Everyone’s
trundling back to work after the Eid holidays.
These days always fall during a really important time in the life of the
cocoa pod—they’re getting big and prone to stealing by monkeys and squirrels,
and also good targets for other bugs.
But the days are especially hot, and the farmers had been fasting, so it was
a real chore to get out there in those fields and smack monkeys all day.
Also, it’s time to plant more seedlings in
the new nurseries. One of the things
that lots of large NGOs do not count on or plan for is how a project actually
interacts with the daily routines and customs of the people who are going to
have to implement it and live with it.
Sustainability is a bugger.
Speaking of
which, we’re back on the sustainability trail this month, with a new project in
the works to collect data and evaluate how the Direct Support to Farmers (DSF)
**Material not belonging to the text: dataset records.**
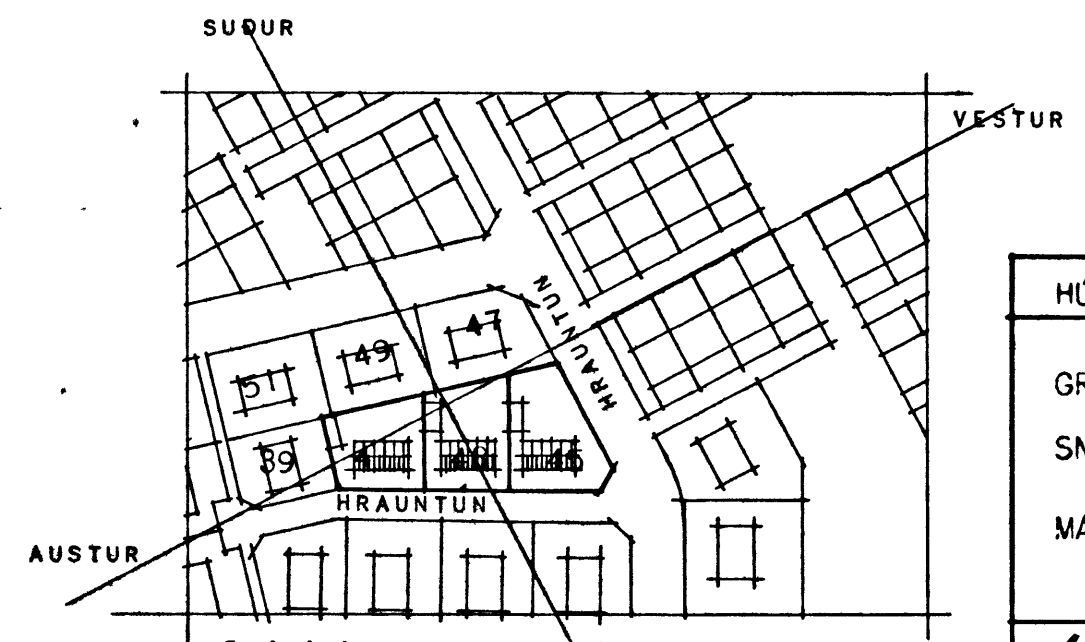

*Arso*

BRÚTTÓFLATARMÁL HUSS --- 112,0 M<sup>2</sup>  
 NETTÓFLATARMÁL HUSS --- 100,0 M<sup>2</sup>

HÚSNÆÐISMÁLASTOFNUN RÍKISINS	
GRUNNMYND ÚTLIT	EINBYLISHÚS
SNEIÐING	VERK NR. 1002
MÁL 1:100	BLAD NR. I
<i>Magnús Ángi Ingvarsson</i>	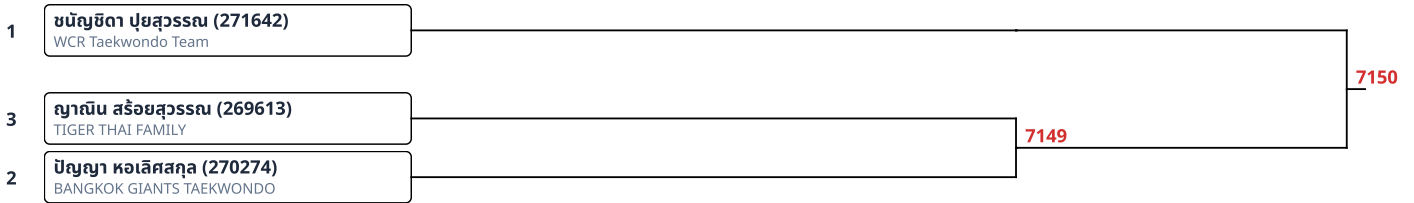

พุมเซ่คู่ผสม (E)Brown Belt 7-8ปี คู่ผสม (1)

7104 1 Kanda Kullertprasert (270657), Golden Eagle Taekwondo ---- WINNER by DEFAULT

พุมเซ่คู่ผสม (F)Red Belt 11-12ปี คู่ผสม (1)

7127 1 ปญจธรมั ภัทรกิจพิบูลย์ (270215), TIGER THAI FAMILY ---- WINNER by DEFAULT

พุมเซ่คู่ผสม (G)Poom/Black Belt 11-12ปี คู่ผสม (3)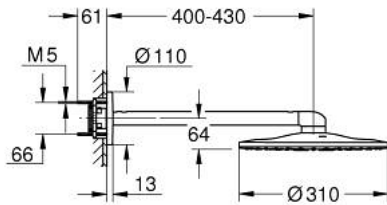

## 22 123 KF0 RAINSHOWER SMARTACTIVE 310 KATTOSUIHKU-SETTI 430 MM, 2 SUIHKUKUVIOTA

### TUOTESELOSTE

- Colour: phantom black
- Sisältää:
  - Kattosuihku Rainshower SmartActive 310
  - Suihkutustapaa: GROHE PureRain, ActiveRain
  - Vaakatasossa 430 mm suihkukäsi
  - GROHE DreamSpray -teknologia saa veden virtaamaan tasaisesti kaikista suuttimista
  - GROHE SpeedClean-kalkinpoistojärjestelmä
  - Inner WaterGuide - eristys suojaa pinnan kuumenemiselta
  - tarvitsee piiloasennusosan 26 483 tai 26 484 - tiattava erikseen

coffee project is doing three years after the project ended. We discovered that the lead agency, IOM, had
not done any follow-up with the 1,200 coffee farmers involved in the
project. Since JMD was the agency
responsible for training the farmers, and working with the 50 peer educator
farmers who in turn trained 20 farmers each, we wanted to know if the tools and
skills we’d given them were still being used.
The entire
IM project was, of course, much larger.
God forbid the tsunami reconstruction money fund anything small and
manageable. So there was a marketing
component and a value chain component and a coffee cupping competition
component and a bunch of commodity-and-cooperative-related parts in which we
were not involved.
So JMD
decided that with its own funds it would conduct a month-long evaluation of the
coffee farmers, starting with the cooperatives they belonged to, to their
(paid) peer trainers, to the materials they were supplied with, to their family
farms. JMD has developed a position
description for what will have to be an amazingly talented individual, to
traipse around the highlands of central Aceh/Takengon ingratiating himself with
the farming community and asking them if they still use drying rack to dry
their beans, and how’s that new paved access path working out?
We want to
do this because, well, we want to know, but also because we are about to create
a document asserting that the majority of the post-tsunami Multi-Donor Fund
went to projects that had no intention of ever being sustainable, and frankly
did not care to be. “Emergency” was the battle cry. The mouse-squeak “Future” was never heard
above the roar of the international NGOs as they raced for the funds.
****
In other
news (and I only mention this because I am just holding my breath until October
when Jokowi officially takes over and we can see the lay of the land in terms
of Aceh’s environmental and social future):
As you know,
wealthy sore loser Prabowo filed a suit in the Constitutional Court on July 25th
saying voting irregularities cost him the election. An interesting AP photo
accompanied this announcement, showing “Prabowo supporters” protesting the
election: 4 women dressed to the nines, pearls and silver jewelry, sunglasses
and full makeup, and only one in a sort-of headscarf. As Aretha Franklin would say, “Who’s zooming
who?”
The court
began deliberations on the 6th—last Wednesday.
“We
feel very, very hurt by irregular, dishonest and unjust practices that have
been shown by the election organizers," Subianto told the court. [This is
the same court that grew a conscience after Prabowo started threatening to use
his leverage and lean on his cronies there to sway the decision his way. Ouch!